*Exercise directions:* Print the listing below from its opening line through the line holding "Avg. Dist. to", both ends included.

*Data to process:*
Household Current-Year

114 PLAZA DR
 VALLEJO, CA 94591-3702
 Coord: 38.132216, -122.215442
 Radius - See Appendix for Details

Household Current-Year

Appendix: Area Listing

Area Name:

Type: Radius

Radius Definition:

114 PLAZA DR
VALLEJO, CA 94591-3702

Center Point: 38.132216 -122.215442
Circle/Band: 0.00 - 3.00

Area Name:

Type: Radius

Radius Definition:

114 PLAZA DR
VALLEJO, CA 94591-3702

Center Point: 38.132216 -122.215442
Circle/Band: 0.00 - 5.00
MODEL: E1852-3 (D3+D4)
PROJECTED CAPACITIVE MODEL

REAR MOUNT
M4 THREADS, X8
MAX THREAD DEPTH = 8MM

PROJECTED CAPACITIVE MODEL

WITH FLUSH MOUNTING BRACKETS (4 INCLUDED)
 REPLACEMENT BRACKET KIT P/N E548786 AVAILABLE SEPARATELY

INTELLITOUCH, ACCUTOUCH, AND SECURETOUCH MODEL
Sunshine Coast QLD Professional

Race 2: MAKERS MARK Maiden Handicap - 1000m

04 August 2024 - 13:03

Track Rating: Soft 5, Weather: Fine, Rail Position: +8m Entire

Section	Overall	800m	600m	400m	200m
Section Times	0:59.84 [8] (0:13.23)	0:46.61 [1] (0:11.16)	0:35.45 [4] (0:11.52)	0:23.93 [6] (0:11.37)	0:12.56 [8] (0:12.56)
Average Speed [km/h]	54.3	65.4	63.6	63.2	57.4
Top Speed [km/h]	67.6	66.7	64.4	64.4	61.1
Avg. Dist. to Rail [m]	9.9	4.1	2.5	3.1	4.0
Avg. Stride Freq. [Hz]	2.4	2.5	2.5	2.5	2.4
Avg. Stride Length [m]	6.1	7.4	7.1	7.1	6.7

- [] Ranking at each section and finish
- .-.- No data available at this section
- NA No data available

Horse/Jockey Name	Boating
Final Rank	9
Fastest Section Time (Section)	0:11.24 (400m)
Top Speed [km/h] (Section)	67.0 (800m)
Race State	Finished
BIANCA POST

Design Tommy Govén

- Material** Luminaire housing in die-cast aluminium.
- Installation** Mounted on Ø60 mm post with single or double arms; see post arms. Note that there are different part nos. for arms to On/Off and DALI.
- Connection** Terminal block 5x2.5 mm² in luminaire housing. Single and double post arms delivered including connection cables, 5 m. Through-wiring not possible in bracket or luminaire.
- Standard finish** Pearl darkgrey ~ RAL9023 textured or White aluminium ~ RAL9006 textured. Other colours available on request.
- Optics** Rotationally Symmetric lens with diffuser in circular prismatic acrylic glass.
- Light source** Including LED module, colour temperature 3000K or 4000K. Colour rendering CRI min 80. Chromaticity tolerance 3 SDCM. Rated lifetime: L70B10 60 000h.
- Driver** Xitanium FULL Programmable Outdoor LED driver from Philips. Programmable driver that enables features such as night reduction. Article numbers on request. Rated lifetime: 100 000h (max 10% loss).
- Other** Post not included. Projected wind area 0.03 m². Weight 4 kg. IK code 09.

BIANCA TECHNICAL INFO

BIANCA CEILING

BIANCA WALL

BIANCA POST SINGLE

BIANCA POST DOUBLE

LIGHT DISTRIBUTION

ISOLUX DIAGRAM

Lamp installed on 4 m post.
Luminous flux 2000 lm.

*The answer:*
Household Current-Year

114 PLAZA DR
 VALLEJO, CA 94591-3702
 Coord: 38.132216, -122.215442
 Radius - See Appendix for Details

Household Current-Year

Appendix: Area Listing

Area Name:

Type: Radius

Radius Definition:

114 PLAZA DR
VALLEJO, CA 94591-3702

Center Point: 38.132216 -122.215442
Circle/Band: 0.00 - 3.00

Area Name:

Type: Radius

Radius Definition:

114 PLAZA DR
VALLEJO, CA 94591-3702

Center Point: 38.132216 -122.215442
Circle/Band: 0.00 - 5.00
MODEL: E1852-3 (D3+D4)
PROJECTED CAPACITIVE MODEL

REAR MOUNT
M4 THREADS, X8
MAX THREAD DEPTH = 8MM

PROJECTED CAPACITIVE MODEL

WITH FLUSH MOUNTING BRACKETS (4 INCLUDED)
 REPLACEMENT BRACKET KIT P/N E548786 AVAILABLE SEPARATELY

INTELLITOUCH, ACCUTOUCH, AND SECURETOUCH MODEL
Sunshine Coast QLD Professional

Race 2: MAKERS MARK Maiden Handicap - 1000m

04 August 2024 - 13:03

Track Rating: Soft 5, Weather: Fine, Rail Position: +8m Entire

Section	Overall	800m	600m	400m	200m
Section Times	0:59.84 [8] (0:13.23)	0:46.61 [1] (0:11.16)	0:35.45 [4] (0:11.52)	0:23.93 [6] (0:11.37)	0:12.56 [8] (0:12.56)
Average Speed [km/h]	54.3	65.4	63.6	63.2	57.4
Top Speed [km/h]	67.6	66.7	64.4	64.4	61.1
Avg. Dist. to Rail [m]	9.9	4.1	2.5	3.1	4.0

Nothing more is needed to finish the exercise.